Я вышел на Верхнюю улицу, к Центральному пионерскому клубу. В бывшем молитвенном доме пахло тленом старых книг и гримом драмкружка. На стене висели трубы, на полу лежали барабаны. Печально смотрела на меня ободранная сцена, где в день Парижской коммуны играл я Гавроша.
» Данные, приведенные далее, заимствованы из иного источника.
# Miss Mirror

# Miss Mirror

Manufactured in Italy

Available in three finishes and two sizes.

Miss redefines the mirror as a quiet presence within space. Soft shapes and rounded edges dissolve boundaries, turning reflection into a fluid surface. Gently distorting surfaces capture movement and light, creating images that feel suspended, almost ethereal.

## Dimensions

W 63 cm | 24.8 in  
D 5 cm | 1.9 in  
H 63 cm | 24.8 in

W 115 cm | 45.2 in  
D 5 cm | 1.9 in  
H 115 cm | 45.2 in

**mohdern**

Когда версальцы в сверкающих пуговицах, обернутых фольгой от конфет «Лебедь, рак и щука», ворвались на сцену и пошли на баррикады и коммунары с наслаждением рубили их палками, весь зал в едином порыве вскочил и кричал «Даешь!», пока пожарник с красным тесаком у пояса не бросился на сцену и, размахивая тесаком, не разнял версальцев и коммунаров, которые продолжали драку еще на улице, а потом все вместе пели «Смело, товарищи, в ногу…».
Я шел по длинной Клубной улице, останавливался у витрин и прощался с ними. Вот большие окна типографии. Как всегда, работала печатная машина и без устали, секунда за секундой, клала лист за листом газеты «Плуг и молот».
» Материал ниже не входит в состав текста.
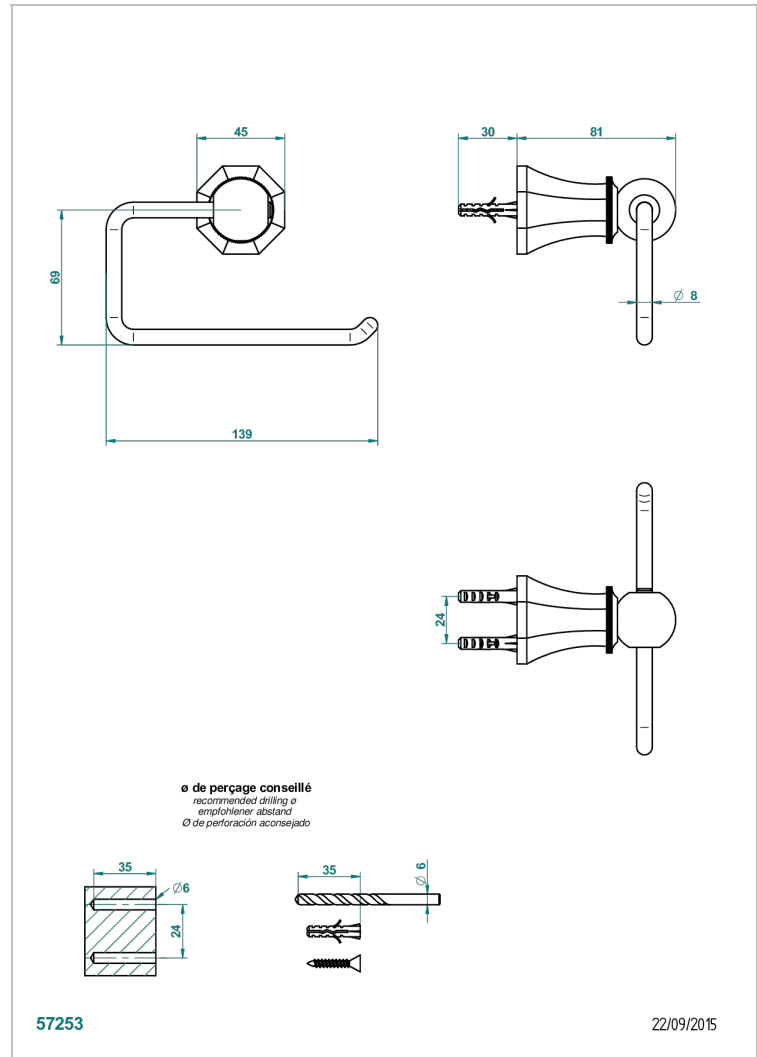

ART DECO CRYSTAL

A56-538A

Toilet paper holder, single mount without cover

CHARACTERISTIC

- Art Déco Crystal
- Toilet paper holder, single mount without cover

AVAILABLE FINITIONS

Black ceram - D30
Blush PVD - H62
Brass color PVD - H49
Brown bronze color PVD - F33
Chrome polished - A02
Chrome polished / gold polished - G02

А школьный двор был тих и пустынен и чисто, до жути аккуратно подметен. У забора сохранились еще ямки для игры в каштаны, и на скамейках под старым дубом были вырезаны знакомые имена.
Я и сейчас вижу этот древний польский дом с островерхой красной черепичной крышей и высокими стрельчатыми окнами, со старым-престарым, позеленевшим деревянным балконом.
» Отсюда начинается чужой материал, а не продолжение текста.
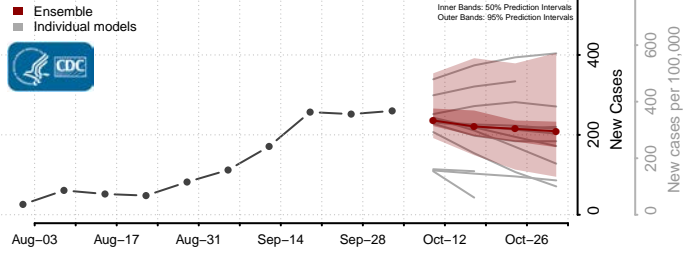

Portage County, Wisconsin

Дом стоит над крепостной стеной, вобравшей в себя прибрежные скалы, и кажется, он возник здесь одновременно с рекой и скалами в незапамятные времена.
Цветущий дрок и дикий виноград ползут прямо из расщелин, а наверху, корнями обняв скалу, стоят акация и сирень, роняя в медленно текущую реку снежные и лиловые лепестки.
Будто целое тысячелетие прошло с тех пор, как я пришел сюда в первый раз.
…Я не помню дороги и что случилось по дороге, кого встречал, с кем дрался, во что стрелял из рогатки, а во что из пугача. Помню только, и до сих пор во мне ощущение высокого, светлого дня, насквозь пронизанного красным осенним солнцем, лучами, падающими сквозь желтые листья, и шорох этих падающих листьев, и их вянущий, прелестный, в душу проникающий пьянящий запах. И что-то новое, великое, небывалое. Я иду в школу… Ты идешь в школу… Он идет в школу…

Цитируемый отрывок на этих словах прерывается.